Content starts
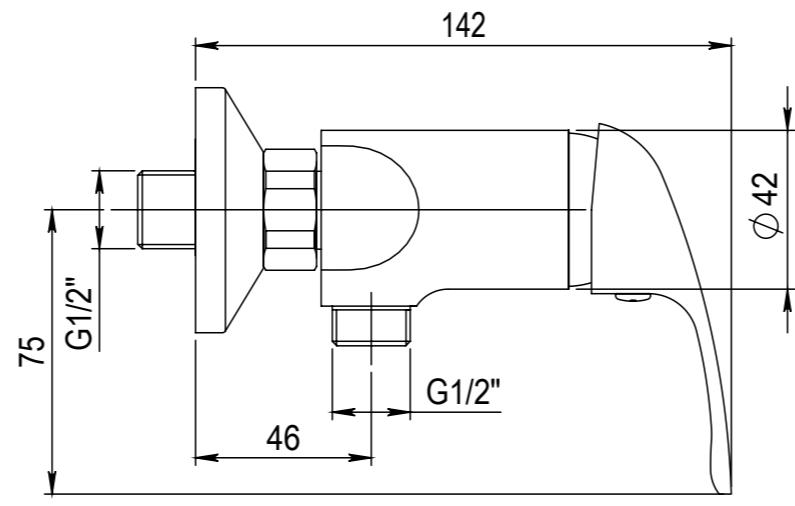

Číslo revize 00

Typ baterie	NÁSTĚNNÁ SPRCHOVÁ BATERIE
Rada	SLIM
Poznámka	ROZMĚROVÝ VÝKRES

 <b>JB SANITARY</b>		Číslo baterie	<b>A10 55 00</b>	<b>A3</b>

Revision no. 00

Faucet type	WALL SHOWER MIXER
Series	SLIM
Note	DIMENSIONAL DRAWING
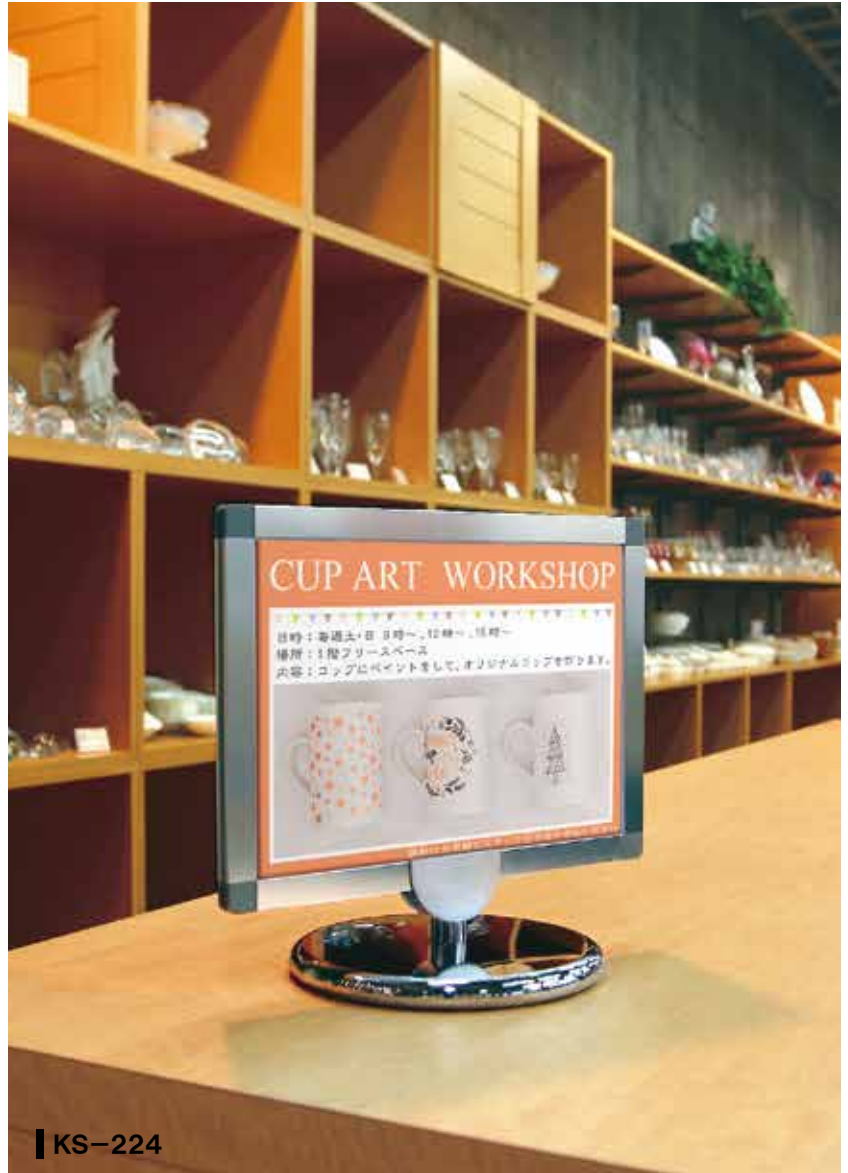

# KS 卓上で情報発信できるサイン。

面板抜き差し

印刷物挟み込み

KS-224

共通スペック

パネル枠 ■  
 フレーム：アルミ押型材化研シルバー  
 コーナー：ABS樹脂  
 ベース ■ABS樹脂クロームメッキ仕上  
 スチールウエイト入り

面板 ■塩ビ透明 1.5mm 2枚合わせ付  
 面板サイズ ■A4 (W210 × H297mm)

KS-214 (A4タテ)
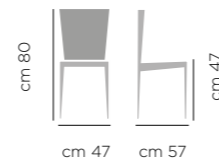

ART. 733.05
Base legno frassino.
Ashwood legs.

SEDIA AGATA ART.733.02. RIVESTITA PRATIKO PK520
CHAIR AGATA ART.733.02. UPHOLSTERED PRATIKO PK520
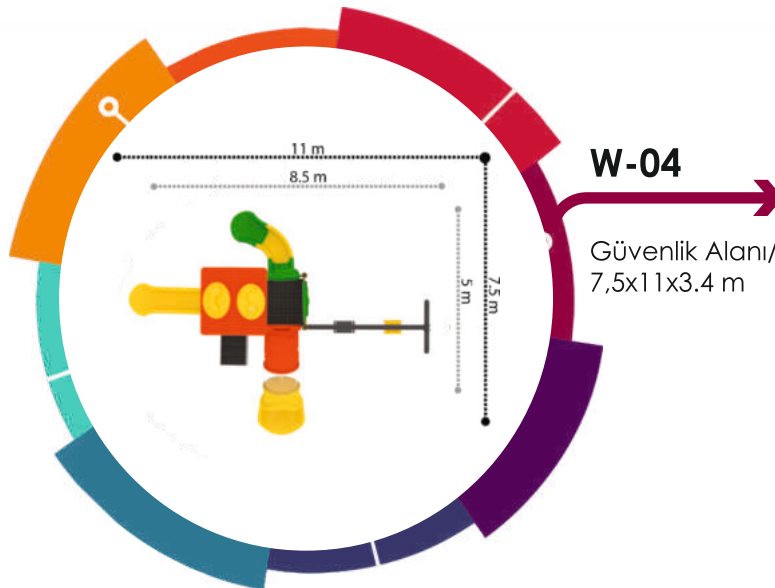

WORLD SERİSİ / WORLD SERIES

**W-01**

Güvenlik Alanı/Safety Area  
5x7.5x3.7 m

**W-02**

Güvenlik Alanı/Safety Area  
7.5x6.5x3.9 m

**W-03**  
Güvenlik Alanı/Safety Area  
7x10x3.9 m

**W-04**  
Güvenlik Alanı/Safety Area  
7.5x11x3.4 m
Content ends
Content starts
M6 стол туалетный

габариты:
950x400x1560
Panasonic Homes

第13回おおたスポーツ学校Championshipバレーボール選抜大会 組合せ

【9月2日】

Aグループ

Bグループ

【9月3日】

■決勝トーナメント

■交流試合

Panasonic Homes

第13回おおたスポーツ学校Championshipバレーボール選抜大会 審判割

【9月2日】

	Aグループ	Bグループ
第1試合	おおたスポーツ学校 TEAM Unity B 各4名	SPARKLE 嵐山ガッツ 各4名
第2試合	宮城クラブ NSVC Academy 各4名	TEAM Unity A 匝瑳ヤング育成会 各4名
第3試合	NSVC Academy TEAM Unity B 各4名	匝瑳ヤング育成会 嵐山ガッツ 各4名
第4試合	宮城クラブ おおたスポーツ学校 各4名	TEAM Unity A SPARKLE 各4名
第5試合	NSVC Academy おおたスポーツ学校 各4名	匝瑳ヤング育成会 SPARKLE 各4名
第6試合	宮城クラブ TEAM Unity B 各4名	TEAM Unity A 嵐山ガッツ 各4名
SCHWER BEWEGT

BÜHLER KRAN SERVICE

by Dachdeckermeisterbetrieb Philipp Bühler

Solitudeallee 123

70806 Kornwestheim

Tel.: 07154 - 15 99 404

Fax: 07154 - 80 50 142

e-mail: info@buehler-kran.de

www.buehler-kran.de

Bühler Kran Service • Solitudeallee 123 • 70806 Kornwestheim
Content ends
# WHAT IS EXPECTED:
Though the entries above contain pictures, none should be copied; reproduce only the lines between the one holding "Číslo revize 00" and the one holding "7.5x11x3.4 m", inclusive, exactly as written.

# OUTPUT BELOW:
Číslo revize 00

Typ baterie	NÁSTĚNNÁ SPRCHOVÁ BATERIE
Rada	SLIM
Poznámka	ROZMĚROVÝ VÝKRES

 <b>JB SANITARY</b>		Číslo baterie	<b>A10 55 00</b>	<b>A3</b>

Revision no. 00

Faucet type	WALL SHOWER MIXER
Series	SLIM
Note	DIMENSIONAL DRAWING

# KS 卓上で情報発信できるサイン。

面板抜き差し

印刷物挟み込み

KS-224

共通スペック

パネル枠 ■  
 フレーム：アルミ押型材化研シルバー  
 コーナー：ABS樹脂  
 ベース ■ABS樹脂クロームメッキ仕上  
 スチールウエイト入り

面板 ■塩ビ透明 1.5mm 2枚合わせ付  
 面板サイズ ■A4 (W210 × H297mm)

KS-214 (A4タテ)

ART. 733.05
Base legno frassino.
Ashwood legs.

SEDIA AGATA ART.733.02. RIVESTITA PRATIKO PK520
CHAIR AGATA ART.733.02. UPHOLSTERED PRATIKO PK520

WORLD SERİSİ / WORLD SERIES

**W-01**

Güvenlik Alanı/Safety Area  
5x7.5x3.7 m

**W-02**

Güvenlik Alanı/Safety Area  
7.5x6.5x3.9 m

**W-03**  
Güvenlik Alanı/Safety Area  
7x10x3.9 m

**W-04**  
Güvenlik Alanı/Safety Area  
7.5x11x3.4 m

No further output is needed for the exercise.